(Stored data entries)
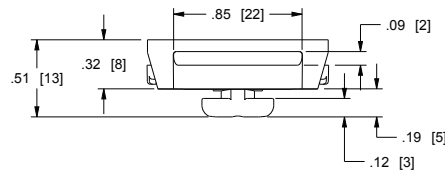

# Forward Family

small device mounting & cable management basic dimensions

- NOTE(S):  
 1. ALL DIMENSIONS SHOWN IN FORMAT:  
 INCHES [MILLIMETERS]  
 2. ALL SMALL DEVICE MOUNTING AND  
 CABLE MANAGEMENT SOLUTIONS FIT IN  
 0.22 [6] X 0.48 [12] (MIN) OBOURND  
 3. SOLD INDIVIDUALLY

# Forward Family

small device mounting & cable management basic dimensions

- NOTE(S):
1. ALL DIMENSIONS SHOWN IN FORMAT:  
INCHES [MILLIMETERS]
  2. ALL SMALL DEVICE MOUNTING AND  
CABLE MANAGEMENT SOLUTIONS FIT IN  
0.22 [6] X 0.48 [12] (MIN) OBOUND
  3. FWD-TSW-15 SHOWN
  4. SOLD IN PACKS OF FIFTEEN

WHAT NEEDS TO BE DONE: Return the records above verbatim, leaving out images.

FINAL ANSWER:
# Forward Family

small device mounting & cable management basic dimensions

- NOTE(S):  
 1. ALL DIMENSIONS SHOWN IN FORMAT:  
 INCHES [MILLIMETERS]  
 2. ALL SMALL DEVICE MOUNTING AND  
 CABLE MANAGEMENT SOLUTIONS FIT IN  
 0.22 [6] X 0.48 [12] (MIN) OBOURND  
 3. SOLD INDIVIDUALLY

# Forward Family

small device mounting & cable management basic dimensions

- NOTE(S):
1. ALL DIMENSIONS SHOWN IN FORMAT:  
INCHES [MILLIMETERS]
  2. ALL SMALL DEVICE MOUNTING AND  
CABLE MANAGEMENT SOLUTIONS FIT IN  
0.22 [6] X 0.48 [12] (MIN) OBOUND
  3. FWD-TSW-15 SHOWN
  4. SOLD IN PACKS OF FIFTEEN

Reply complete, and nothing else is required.